**Data for review**
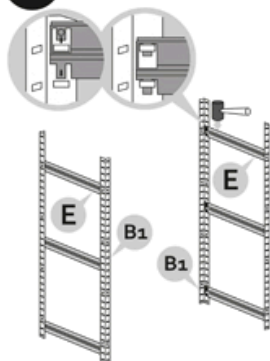

Montážní návod Regál HELIOS - 6 polic - 175kg - 196cm

1

2

3

4

5

6

7

8

9

10

11

12

Správná funkce výrobku je zaručena pouze v případě přesného dodržení montážního návodu.

U vyšších stojanů a regálů se doporučuje ukotvení do stěny pomocí hmoždinek.
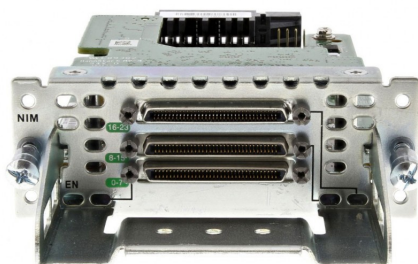

# Cisco NIM-24A Datablad

**Cisco NIM-24A 24-kanals Async seriel interface til ISR4000-seriens router**

## **NIM-24A**

Cisco NIM-24A 24-kanals Async seriel interface til ISR4000-seriens router

[Køb nu](#)
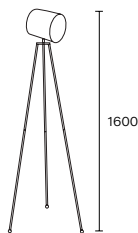

Lámpara de pie trípode con tacho móvil
 1 x E27

Art.: 5212/C

Lámpara de pie trípode desarmable
 1 x E27

Art.: 5212/D

Lámpara de pie trípode desarmable
 1 x E27

Art.: 5350/B

Lámpara de pie fija
 1 x E27

Art.: 5349/C
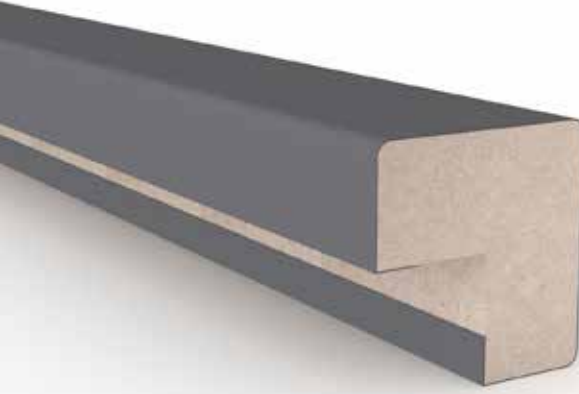

NEW

CROSS LEG PROFILE | ÇAPRAZ AYAK PROFİLİ

9090-PR15
code

En / Width 90 mm
Kalınlık / Thickness 90 mm

5050-01

code

En / Width 50 mm
Boy / Length 2800 mm
Kalınlık / Thickness 50 mm

Paket Ebatları / Package Dimensions 55 x 205 x 2800
Paket mt / Package mt 11.2 mt
Paket Ağırlığı / Package Weight 21 kg

3636-11

code

En / Width 36 mm
Boy / Length 2800 mm
Kalınlık / Thickness 36 mm

Paket Ebatları / Package Dimensions 64 x 234 x 2800
Paket mt / Package mt 33.6 mt
Paket Ağırlığı / Package Weight 22.9 kg

6060-13

code

En / Width 60 mm
Boy / Length 2800 mm
Kalınlık / Thickness 60 mm

Paket Ebatları / Package Dimensions 58 x 224 x 2800
Paket mt / Package mt 11.2 mt
Paket Ağırlığı / Package Weight 17.4 kg

3636-13

code

En / Width 36 mm
Boy / Length 2800 mm
Kalınlık / Thickness 36 mm

Paket Ebatları / Package Dimensions 58 x 224 x 2800
Paket mt / Package mt 33.6 mt
Paket Ağırlığı / Package Weight 25.6 kg

6060-16

code

En / Width 60 mm
Boy / Length 2800 mm
Kalınlık / Thickness 60 mm

Paket Ebatları / Package Dimensions 64 x 234 x 2800
Paket mt / Package mt 11.2 mt
Paket Ağırlığı / Package Weight 23.8 kg
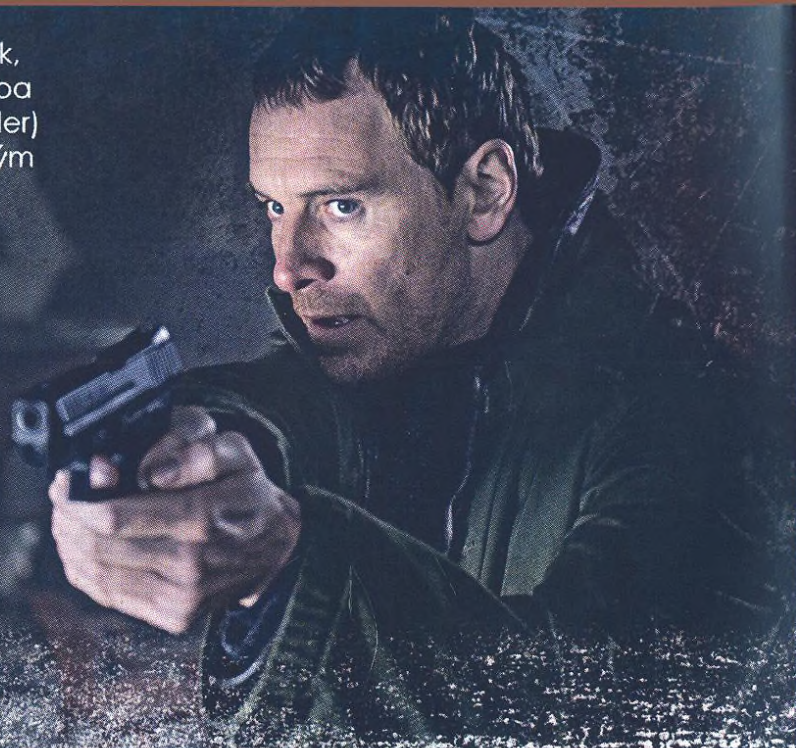

Producent Martin Scorsese uvádí thriller Sněhulák, který vznikl podle jednoho z bestsellerů autora Joa Nesbøho. Když elitní detektiv (Michael Fassbender) pátrá po ženě, která zmizela s prvním napadáným sněhem, má zlé tušení, že se opět ozval nepolapitelný sériový vrah z minulosti. S pomocí geniální mladé vyšetřovatelky (Rebecca Ferguson) musí najít spojitost mezi desítky let starými případy a čerstvou událostí v naději, že přelstí nepředstavitelné zlo dřív, než napadne další snůh.
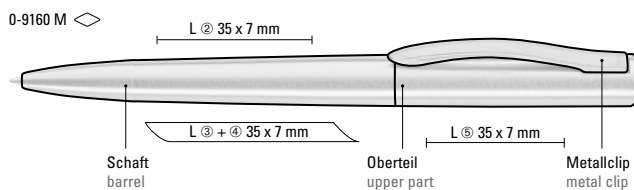

FSC®-zertifizierte Variante

TITAN WOOD

Seite / page 73
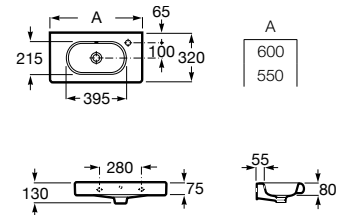

A32724T000 600 mm
Orificio a la derecha

A32724X000 600 mm
Orificio a la izquierda

A32724Y000 550 mm
Orificio a la derecha

Opcional:

Semipedestal para lavabo de porcelana compacto.

A337242000

Toallero.

A816291001
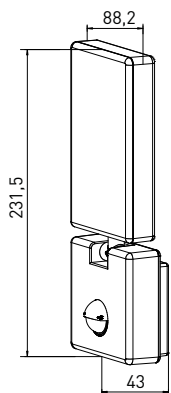

FLIP PIR

- SVÍTIDLO LED SMD S INFRAČERVENÝM (PIR) ČIDLEM
- těleso svítidla: polykarbonát (PC)
- difuzor svítidla: polykarbonát (PC)
- prachotěsné a voděodolné
- možnost plynulé regulace:
 - čas (TIME)
 - nastavení (noc/den) (LUX)
- snadno přístupné regulátory pod otočným víčkem čidla
- vysoká životnost a odolnost proti častému spínání
- vhodné k decentnímu nasvětlení vnitřních i venkovních prostor
- otočné [270°] a výkyvné [60°]

-TIME+
10s-5min-LUX+
3-2000

max 9m

140°

120°

NEUTRAL
WHITELED 10W ▶ *60W
LED 15W ▶ *75W

FLIP W 10W PIR NW	GXPS128	8592660130804	bílá	10	750	neutrální bílá	4000K	≥80	0,28	1/20	
FLIP W 15W PIR NW	GXPS126	8592660130781	bílá	15	920	neutrální bílá	4000K	≥80	0,28	1/20	
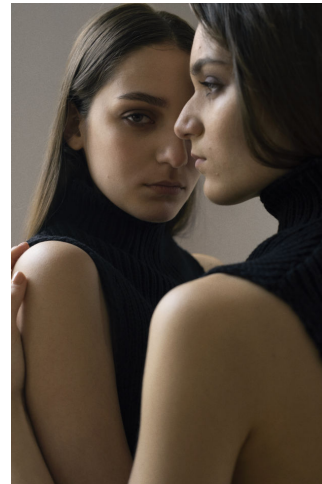

heartbreak

M A N A G E M E N T

Sofia Boyko

Height : 5'10.5" / 179 cm | Bust : 30.5" / 78 cm | Waist : 23" / 58 cm | Hips : 34.5" / 88 cm | Shoe : 10.0 US / 7.0 UK | Hair Colour : Brown | Eyes : Brown

heartbreak

M A N A G E M E N T

heartbreak

M A N A G E M E N T

Sofia Boyko

Height : 5'10.5" / 179 cm | Bust : 30.5" / 78 cm | Waist : 23" / 58 cm | Hips : 34.5" / 88 cm | Shoe : 10.0 US / 7.0 UK | Hair Colour : Brown | Eyes : Brown
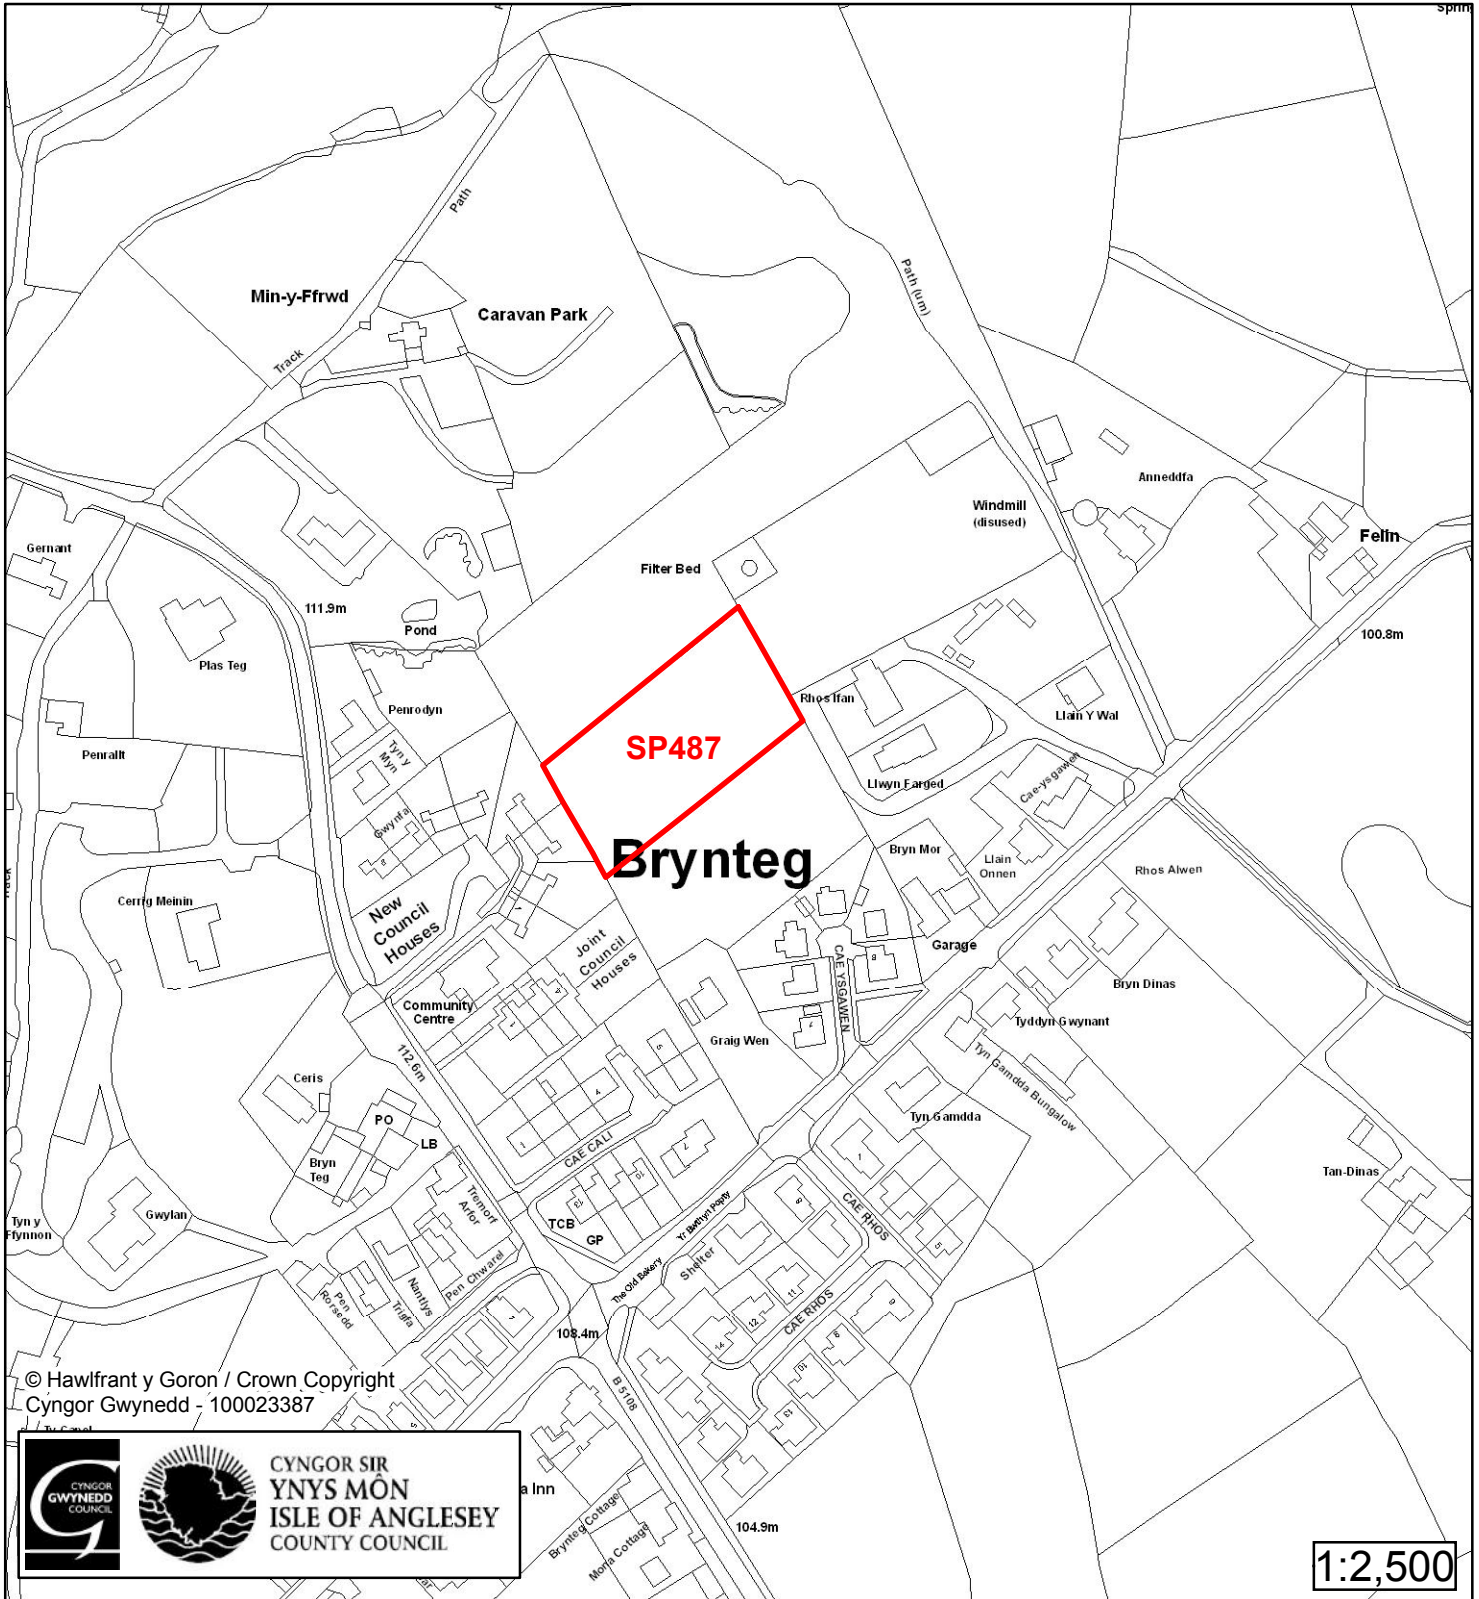

Cynllun Datblygu Lleol ar y Cyd Joint Local Development Plan Cofrestr Safle Posib / Candidate Site Register

Cyfeirnod/ Reference	: SP487
Enw'r Safle / Site Name	: Tir tu cefn / Land to rear of Caeysgawen
Lleoliad / Location	: Brynteg
Cyfeirnod Grid / Grid Reference	: 495 827
Maint (ha) / Size (ha)	: 0.35
Defnydd â Awgrymir / Suggested Use	: Tai / Housing
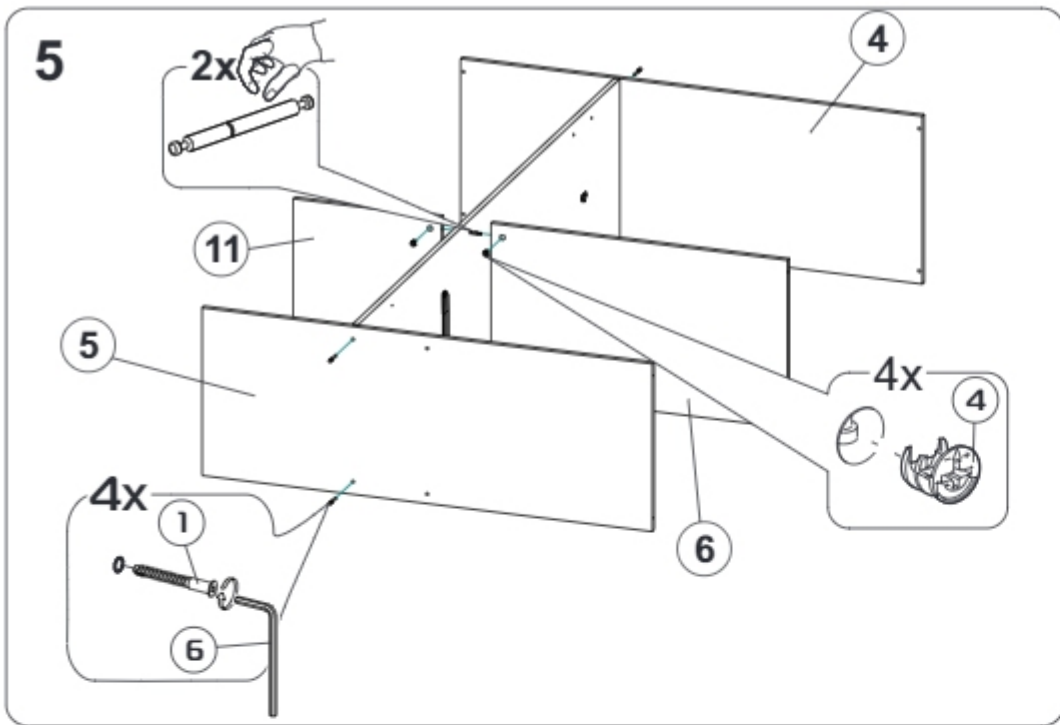

Модульная система "Авиньон" Шкаф трехстворчатый

1349x2216x506мм
ШxВxГ

Уважаемые покупатели! Идеального качества сборки можно добиться только путем привлечения **ПРОФЕССИОНАЛЬНОГО** (толкового) сборщика мебели.

ОСТОРОЖНО! Во избежание сколов и порчи деталей будьте аккуратны во время сборки.

Все замечания и пожелания присылайте по адресу mebelesoputy@mail.ru, они будут рассмотрены **НЕЗАМЕДЛИТЕЛЬНО**.

- | | | | |
|----|------------------|----|------------------|
| 1 | 2200x490x16 (x1) | 14 | 120x810x16 (x1) |
| 2 | 2200x490x16 (x1) | 15 | 445x200x16 (x1) |
| 3 | 2104x490x16 (x1) | 16 | 866x80x16 (x2) |
| 4 | 1349x490x16 (x1) | 17 | 400x120x16 (x4) |
| 5 | 1315x490x16 (x1) | 18 | 120x377x16 (x1) |
| 6 | 866x490x16 (x1) | 19 | 433x880x16 (x2) |
| 7 | 866x490x16 (x1) | 20 | 400x80x16 (x1) |
| 8 | 866x490x16 (x1) | 21 | 1254x445x16 (x3) |
| 9 | 433x490x16 (x2) | 22 | 630x445x16 (x3) |
| 10 | 433x490x16 (x1) | 23 | 1344x426x3 (x5) |
| 11 | 433x490x16 (x1) | 24 | 839x400x3 (x1) |
| 12 | 894x200x16 (x1) | 25 | 406x400x3 (x1) |
| 13 | 1315x80x16 (x2) | | |
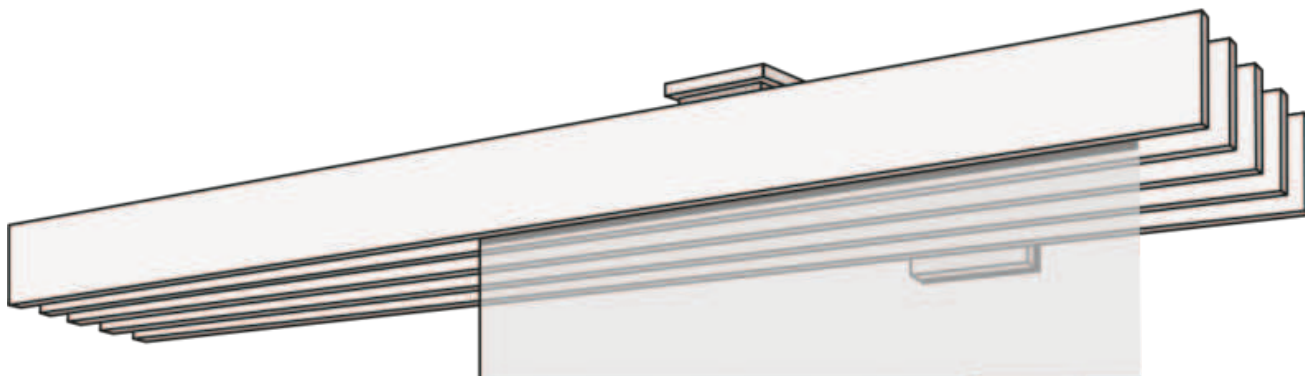

PANELOVÁ STĚNA F1-WANDSYSTEM FÜNFLÄUFIG

Pětídílný závěsný systém F1 v bílé, hliníkové, nerezové oceli nebo chromu.

sdružování

nástěnný systém

Barvy kolejnic

hliník (79)

nerezová ocel (77)

Konstrukční varianty

samostatně stojící (00155)

Nástěnný doraz levý (00156)

Zarážka nástěnná pravá (00157)

zeď na zeď (00158)

Doplňky za příplatek

panelový vozík

Reklamační lišty

průřez
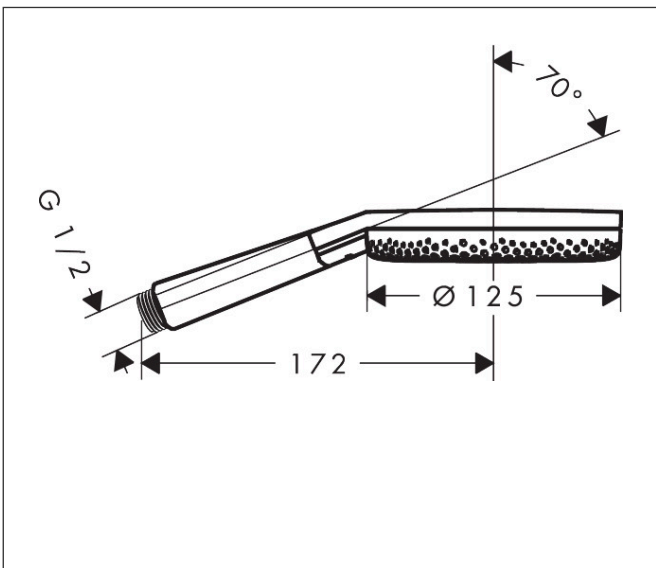

Merk	hansgrohe
Artikelnaam	Raindance Alive Select S handdouche 125 3jet EcoSmart
Art.nr.	24511670
Oppervlakte	Mat zwart
Netto prijs	104,75 EUR

Product foto

Maat tekeningen

Kenmerken

- diameter douchekop 125 mm
- RainAir volle zachte regenstraal, PowderRain, massagestraal
- handige straalkeuze via Select-knop
- doorstroomhoeveelheid PowderRain-straal bij 3 bar: 6,8 l/min
- doorstroomhoeveelheid RainAir bij 3 bar: 7,1 l/min
- doorstroomhoeveelheid massagestraal bij 3 bar: 6,7 l/min
- doorstroomregelaar: 8 l/min (met mogelijke toleranties -20%)
- maximale doorstroomhoeveelheid bij 3 bar: 7,1 l/min
- functie van: 6,4 l/min
- designafdekking verbergt de straalnoppen
- designafdekking is eenvoudig zonder gereedschap afneembaar voor reiniging
- oppervlak designafdekking: grafiet
- met interne watervoering
- afspoelbare filterring
- EcoSmart: Veel waterplezier met veel minder water
- EU taxonomie: max. 8l/min

Technologie

Straalsoorten

Certificaat

Merk hansgrohe
 Artikelnaam **Raindance Alive Select S** handdouche 125 3jet EcoSmart
 Art.nr. 24511670
 Oppervlakte Mat zwart
 Netto prijs 104,75 EUR

Stroomschema

Merk	hansgrohe
Artikelnaam	Raindance Alive Select S handdouche 125 3jet EcoSmart
Art.nr.	24511670
Oppervlakte	Mat zwart
Netto prijs	104,75 EUR

Explosietekening voor bouwjaar: >04/25

Merk hansgrohe
 Artikelnaam **Raindance Alive Select S** handdouche 125 3jet EcoSmart
 Art.nr. 24511670
 Oppervlakte Mat zwart
 Netto prijs 104,75 EUR

Onderdelen voor bouwjaar: >04/25

**Aim of the exercise**
Your reply should be the lines of the records from the start through the line with "# Cisco NIM-24A Datablad", copied word for word, pictures omitted.

**Task answer**
Montážní návod Regál HELIOS - 6 polic - 175kg - 196cm

1

2

3

4

5

6

7

8

9

10

11

12

Správná funkce výrobku je zaručena pouze v případě přesného dodržení montážního návodu.

U vyšších stojanů a regálů se doporučuje ukotvení do stěny pomocí hmoždinek.

# Cisco NIM-24A Datablad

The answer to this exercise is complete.